Arkady’s eyes narrowed for a moment, then swept the sky. “I need a piss,” he said.

He stepped to the side of the track, where a once grand but now untended grave with an elaborate wrought-iron Orthodox cross was being choked by weeds.

Henry walked on alone toward the crossroads where the track that led to the central chapel met their own. It was thoroughly dark now. Ahead, the trees overhung in a complete canopy, branches shifting, though Henry could not feel any wind. An owl was hooting somewhere close by. He thought he saw its shape perched on a headstone. But it was only a trick of the ivy. Some cat or rat, rabbit or badger—he had no idea what—was rustling through the undergrowth to his left.

Unexpectedly, a cast of primitive superstitions he believed long forgotten revealed themselves in the forefront of his imagination. He smiled nervously to himself, drew rueful breath, and shook his head. Silly. Nonetheless, there was something about the Smolensky (and the answering crack of a twig) that caused him to wonder whether the place affected Arkady in the same way. After all, here they were, in a cemetery thronged with the Petersburg dead, a cemetery that had been built on the agonized bones of all those who had perished in hauling the city up from the marsh, and a cemetery whose perimeter was this very night ringed by their living and disendowed descendents—the desperate and the diseased—here they were, and Arkady was pausing unconcernedly to piss on an unknown headstone. One thing for certain: these ornate Old Believer crosses seemed to afford purchase only to the weeds. More places to bind and swathe.

He reached the crossroads and stood waiting. He often paused here on his way into town, by the main track down which the hearses came, day after day, followed always, he had noticed, by that stubborn delegation of white-haired women, forever in black, forever wailing, as if there were not time enough left in the world to get all the mourning done. But how quickly the generations forgot: his own father’s father, Henry had hardly known, and his great-grandfather not at all, no more who he was than where he was from. In so many brief years we become strangers to our own blood.

His pocket was vibrating.

Someone was trying to call him. No: there was a text message on his phone. Grisha. He thumbed it open. In Russian: “Your sugar bitch is dead.”

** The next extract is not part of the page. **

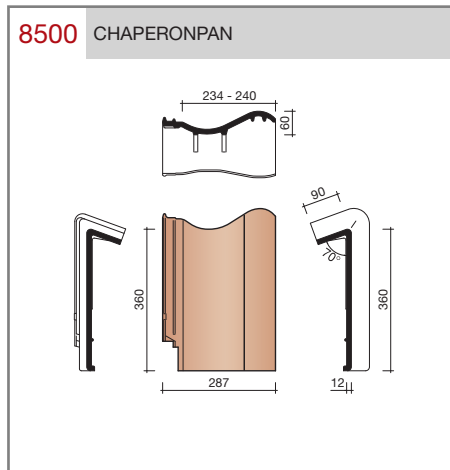

Overige hulpstukken

But in the time it took for him to turn and look for her son, he made the decision not to tell Arkady. Not until after the concert.

7

The Double Life

Ten-thirty in Petersburg. Seven-thirty in London. And the worst night of his life was squatting black and heavy in the shabby courtyard outside. He sat motionless in the window of Yana’s mother’s apartment, his face a picture of mute and frozen shock, staring out like some child marquis on the place where they had lately guillotined his mother. Opposite his vantage, the locksmith was closing up on the ground floor and the builders, two brothers from Belarus, worked with naked bulbs suspended from naked joists in the room above. A cat held mangy station at the bottom of the adjacent stairs, its back to the bags of sand. He continued to hold the phone in its cradle. Isabella would call back any moment and he would suddenly become animate again, everything would start over, everything would race and swerve and dart and fall. Yana’s mother was due to return from her gathering of special supplies. After their surreal trip to the hospital, Yana had gone back to the CCCP Café. But she would be home soon too. As would Yana’s brother, Arytom, carrying his endless manuscripts and proofs.

Gabriel let it ring once. His focus seemed to journey in from far away; his head lowered a moment, and abruptly he had the handset to his ear and he was back in the storm and swell of the present.